Anyone renting a car in Maine would be paying the state 12.5% of their bill in excise taxes starting last month if the legislature there had its way.

But residents blocked the state's new tax-reform law -- which included a tax increase from 10% to 12.5% on rental car bills -- by signing petitions in opposition. If the signatures on the petitions turn out to be valid, the increase will be put to a vote in June, says Sara Lewis, a Maine taxation official.

The action in Maine represents something of a victory for business travelers, corporate travel departments and rental-car companies who are increasingly upset over what's been an explosion in taxes imposed on renting a car.

Airline fees "are bad, but the worst are car-rental taxes," says frequent business traveler Tony Harrison, who has rented cars 75 days so far this year and paid upwards of 20% of his bill in taxes in some cities.

Harrison, president of a company in Edmond, Okla., that trains public-safety officials, says the city, state and airport tax levies on what he pays to rent a car have gotten so bad that he factors them into deciding which airport he'll fly into.

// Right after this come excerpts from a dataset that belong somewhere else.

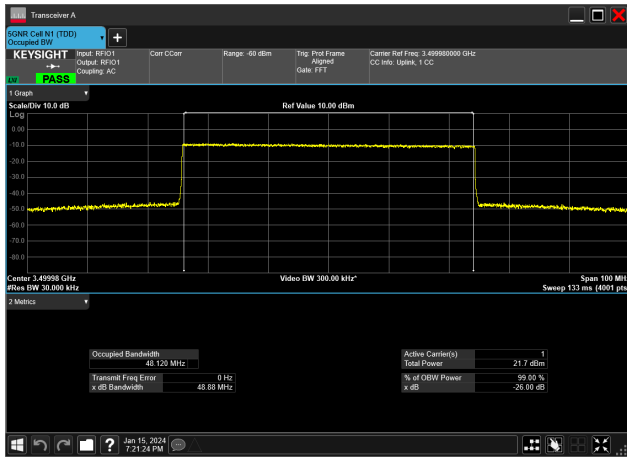

50MHz_15kHz_3500MHz_CP-OFDM 16 QAM_RB270@0
48.120 MHz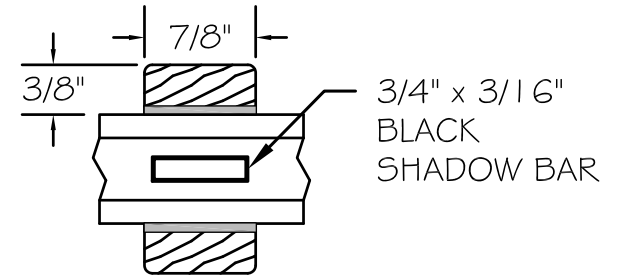

OVOLO

BEVEL

SQUARE

DETAIL  
WOOD SDL BAR  
(1 1/8")

DETAIL  
WOOD SDL BAR  
(7/8")

DETAIL  
WOOD SDL BAR  
(5/8")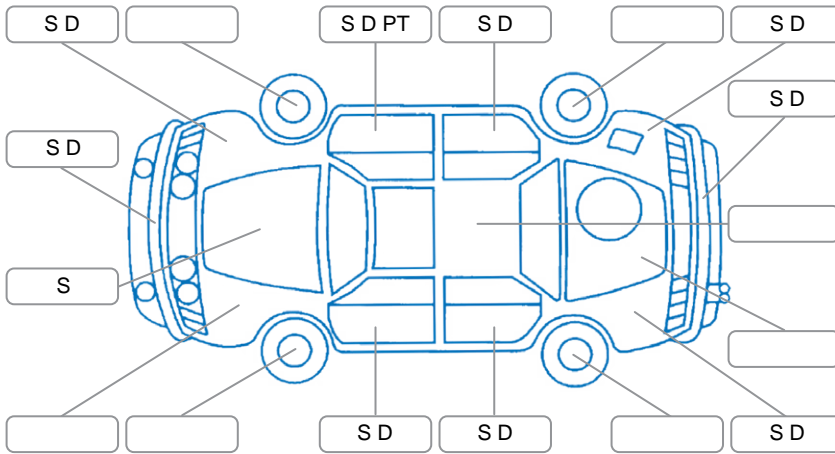

Report ID:	27,969,408	Version:	2
Created:	14 Apr 2026		

Make:	Suzuki	Model:	Swift
Body Style:	Hatchback	Year:	2014
Rego No.:	PGH143	Rego Expiry:	10 Aug 2026
WoF Expiry:	21 Jul 2026	Odometer:	111,524 Kms
Good No.:	27969408	VIN:	JSAFZC82S00300921
Next Service:	118,523 kms	Service History:	No

**Key**

S = Scratch    R = Rust    C = Crack    \* = Decals    W = Significant scuffs  
 D = Dent    PT = Paint defect    P = Pin dent    SC = Stone Chips

Note: some defects and blemishes may not be displayed in the diagram

**Body Inspection Comments**

R tail light cracked,

Conditions During Body Inspection

Dry

**Under Carriage and Under Bonnet Inspection Comments**

**Interior Comments**

Seats:	Average
Carpets:	Average
Panels:	Average
Dashboard:	Good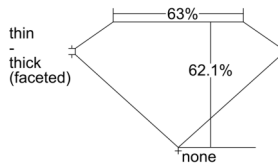

GIA®

FACSIMILE

GIA REPORT 7501552534

Verify this report at GIA.edu

GIA NATURAL DIAMOND DOSSIER®

October 03, 2024
GIA Report Number 7501552534
Shape and Cutting Style ..... Oval Brilliant
Measurements ..... 7.56 x 4.88 x 3.04 mm

GRADING RESULTS

Carat Weight ..... 0.71 carat
Color Grade ..... G
Clarity Grade VVS1

ADDITIONAL GRADING INFORMATION

Polish ..... Excellent
Symmetry ..... Excellent
Fluorescence ..... None
Clarity Characteristics..... Pinpoint, Internal Graining
Inscription(s): GIA 7501552534

PROPORTIONS

Profile not to actual proportions

GRADING SCALES

GIA COLOR SCALE		GIA CLARITY SCALE			
COLORLESS	D	VERY VERY SLIGHTLY INCLUDED	FLAWLESS		
	E		INTERNALLY FLAWLESS		
	F		VVS₁		
	NEAR COLORLESS	G	VVS₂		
		H	VERY SLIGHTLY INCLUDED	VS₁	
		I		VS₂	
		FAINT	J	SLIGHTLY INCLUDED	SI₁
	K		SI₂		
	L		INCLUDED		I₁
	M			I₂	
N	I₃				
LIGHT	O				
	P				
	Q				
	R				
	S				
	T				
	U				
V					
W					
X					
Y					
Z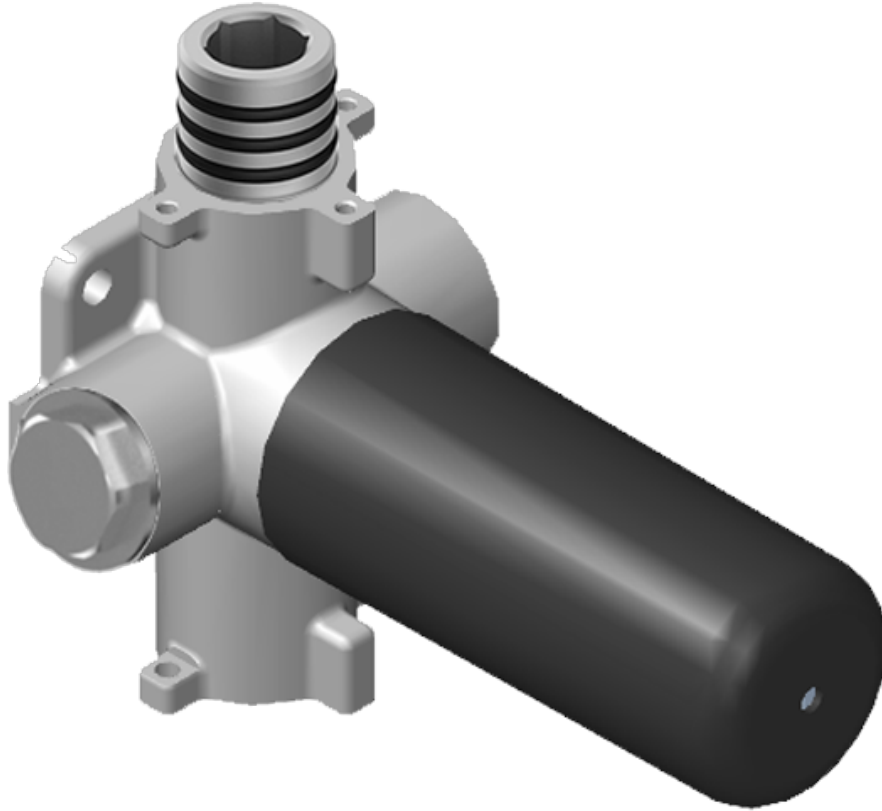

SHOWER
Vintage M-Series Thermostatic
Shower System - Shower with
Handshower
GT3.041WB-C18E0

GRAFF®

Information

- 3/4" thermostatic valve and trim
- 3/4" stop/volume control valve (2 pieces)
- 9" showerhead with 12" ceiling-mounted shower arm
- Showerhead features no-clog, easy-clean spray nozzle
- Handshower set with wall-mounted slide bar and 59" hose
- Optional extension kit
- Flow rates: showerhead ≤ 1.8 max gpm, handshower ≤ 1.8 max gpm

SHOWER
Vintage M-Series Valve Trim with
Three Handles

Information

- Three metal handles
- Decorative trim plate
- Use with M-Series rough valves

Finishes

G-8087-C18E0-T

M-Series

SHOWER
 Thermostatic Rough Valve
G-8006

Finishes

Architectural
White

G-8006

M-Series

3/4" Concealed Thermostatic Rough Valve

Product Features

- 12.9 gpm @ 60 psi
- 3/4" universal inlets
- Built-in service stops
- Stacking outlet feature
- Complete serviceability from front of all units
- Supplied with protective plastic cover
- CalGreen compliant dependent on functions

www.graff-faucets.com | phone: 800-954-4723

SHOWER
 Stop/Volume Control Valve with
 Pass Through
G-8076

Information

- 12.3 gpm @ 60 psi
- 3/4" universal inlets/outlets with female threads
- Stacking inlet and pass-through port feature
- Supplied with protective plastic cover
- CalGreen compliant dependent on functions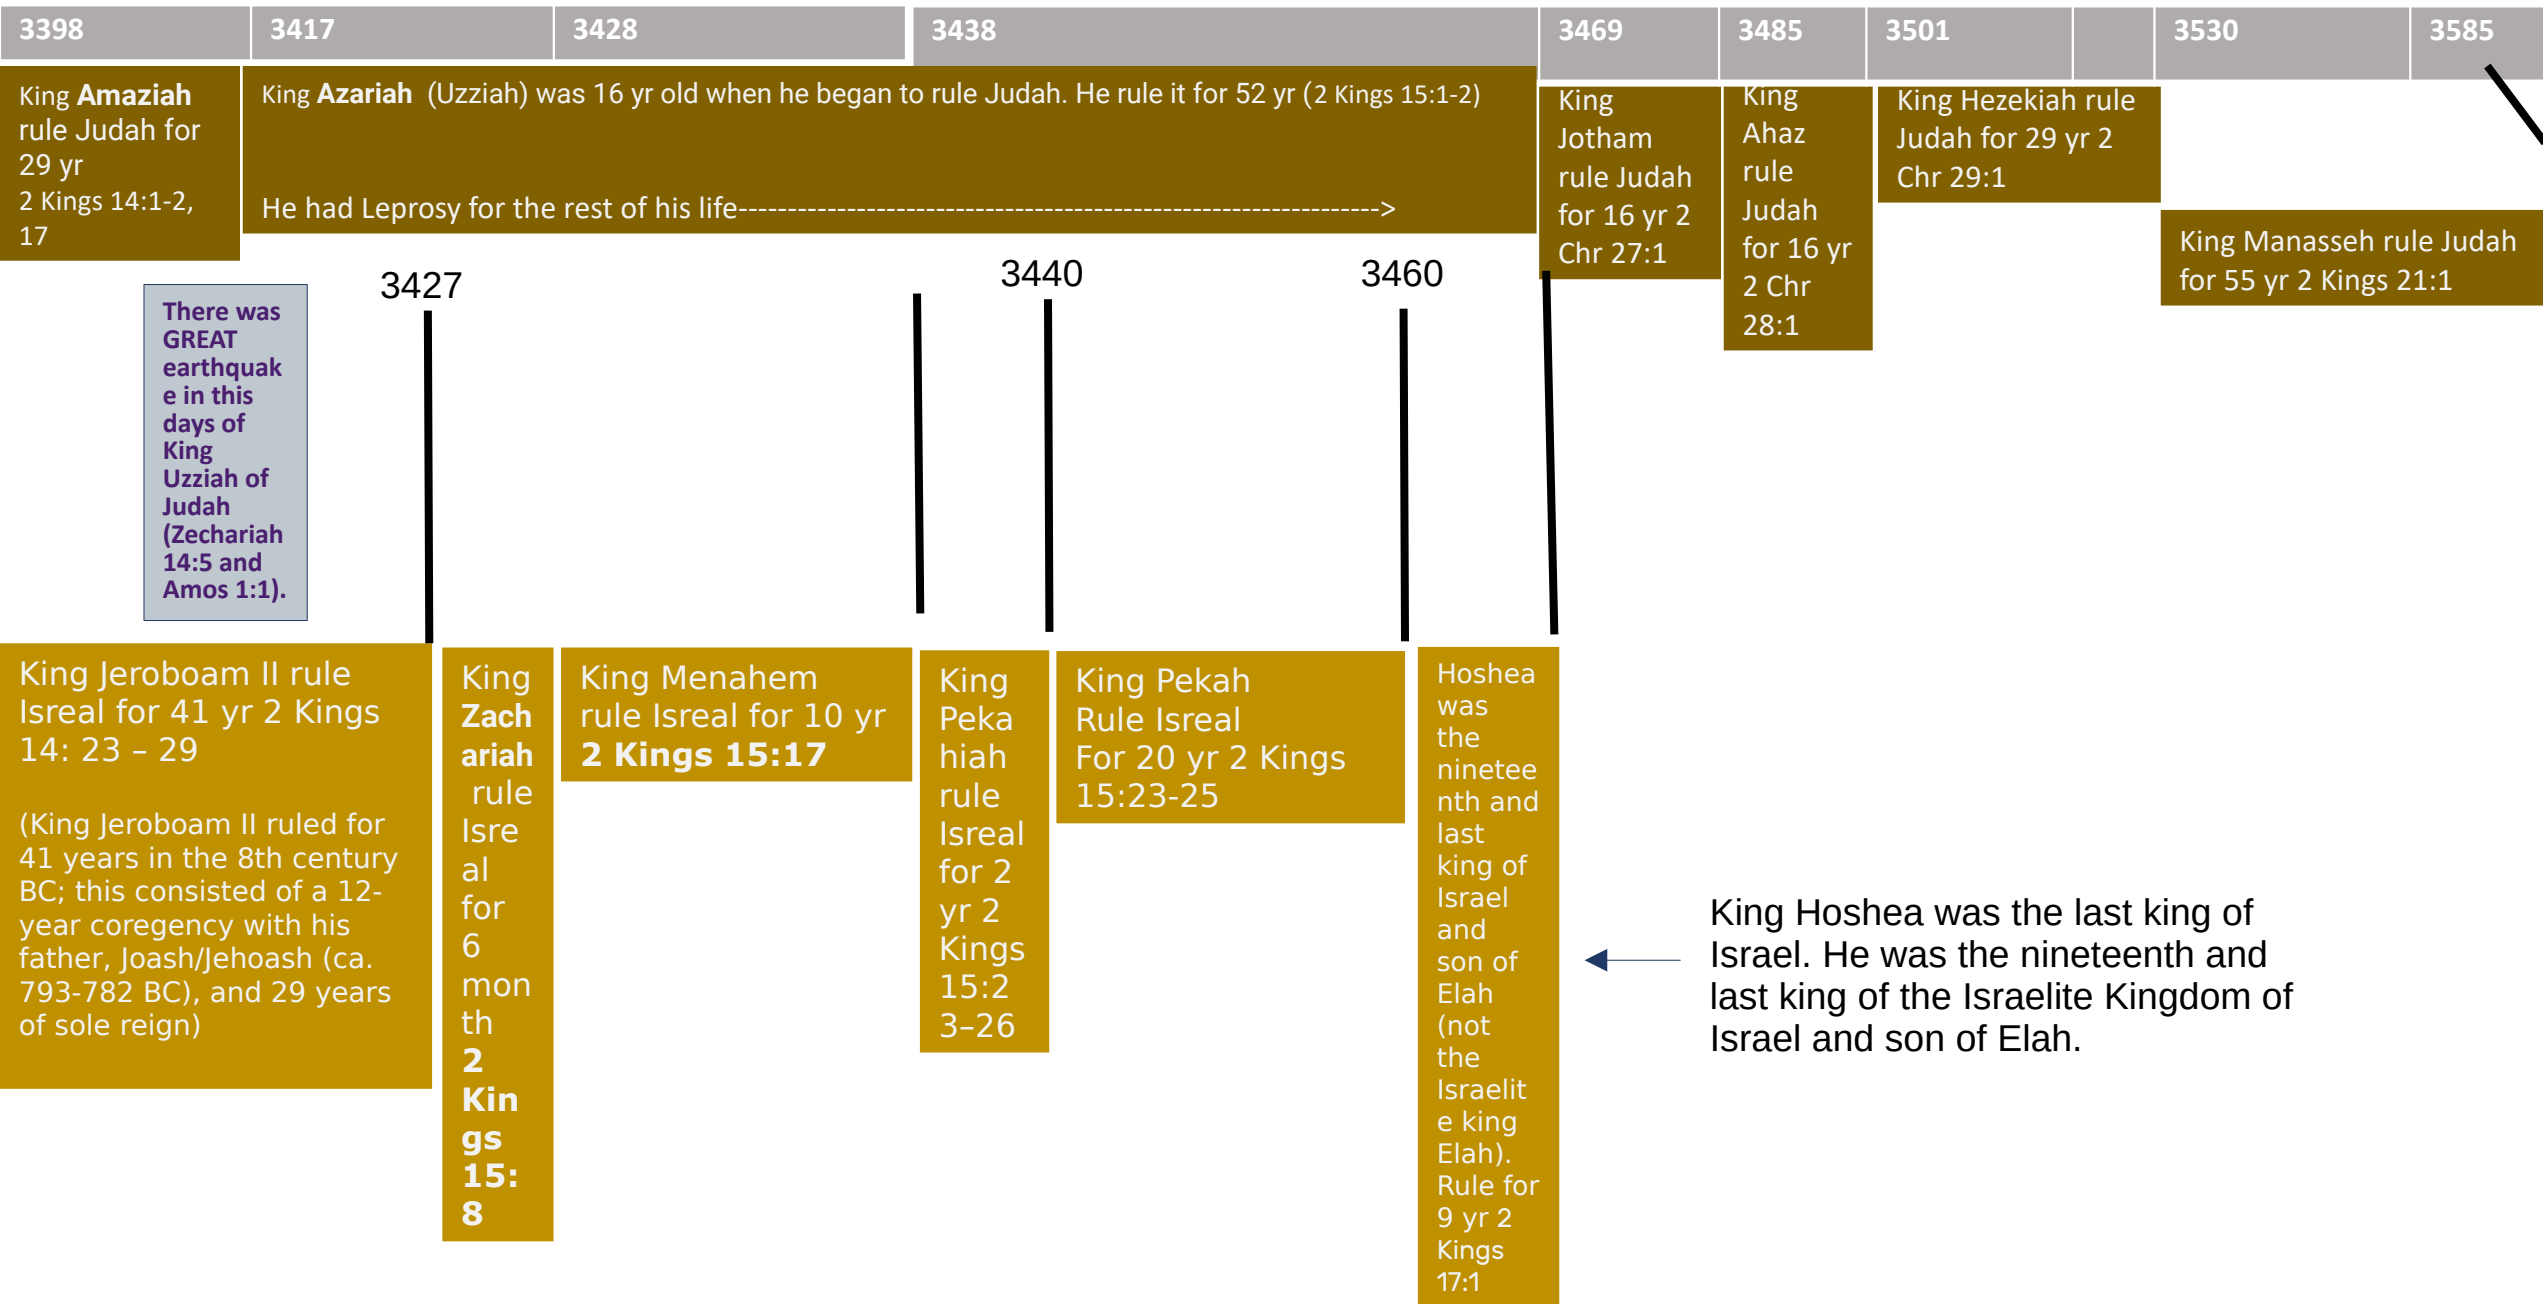

Timeline: From Adam to Present day - Draft

	60's	130	235	325	395	460	622	687	800	874	930	987	1042	1056	1140	1235	1290	1422	1556
--	------	-----	-----	-----	-----	-----	-----	-----	-----	-----	-----	-----	------	------	------	------	------	------	------

Timeline: From Adam to Present day - Draft

Timeline: From Adam to Present day - Draft

Sodom & Gomorrah was destroyed

Timeline: From Adam to Present day - Draft

Timeline: From Adam to Present day - Draft

Paganism BC & AD timeline

Timeline: From Adam to Present day - Draft

About 119 year later Roman Republic became the Roman Empire in 27 BC

About 227 year later Roman Kingdom began to decline starting around 200 AD

By 400 AD Roman Kingdom was struggling under the weight of how many nations (Europe) grew were too large for Rome to handle. The city of Rome finally fall in 476 AD

It had been about 1547 years ago when Roman last rule the world power

Pagan Zero A.D. Time
(4338)

It is about 2315 years since the year 4338 because of Zero A.D.

The Pagan Year
2023

2nd Temple was already destroyed before Jesus' time???

The taxes are tough to avoid. There were 114 separate state and local excise taxes for renting or leasing a car in 43 states and the District of Columbia as of the end of last year. In 1990, there were only 14 of them, according to the Coalition Against Discriminatory Car Rental Excise Taxes, a group formed to combat the proliferation of the taxes and which tracks them.

Taxes a way to close budget gaps

The taxes can cost a Fortune 100 company $5 million to $10 million a year, figures Michael McCormick, executive director of the National Business Travel Association, which represents about 4,000 corporate travel managers and suppliers.

Rental-car companies aren't happy with them either. They don't want to be tax collectors. Nor do they want to hear disgruntled renters complain about the charges on their bills. So three years ago, eight rental-car brands and the National Business Travel Association formed the coalition to publicize the taxes, educate consumers about them and lobby against them.

The taxes are proliferating, however, as states and localities look for revenue to balance their budgets in recessionary times.

*New Jersey has passed a tax-reform law that allows certain municipalities to impose a 5% excise tax on car-rental transactions, the coalition says. Renters in New Jersey already pay a $5-per-day state tax and a sales tax.

*Wisconsin has given counties the authority to impose an $18 tax on each car-rental transaction to help fund a mass-transit project.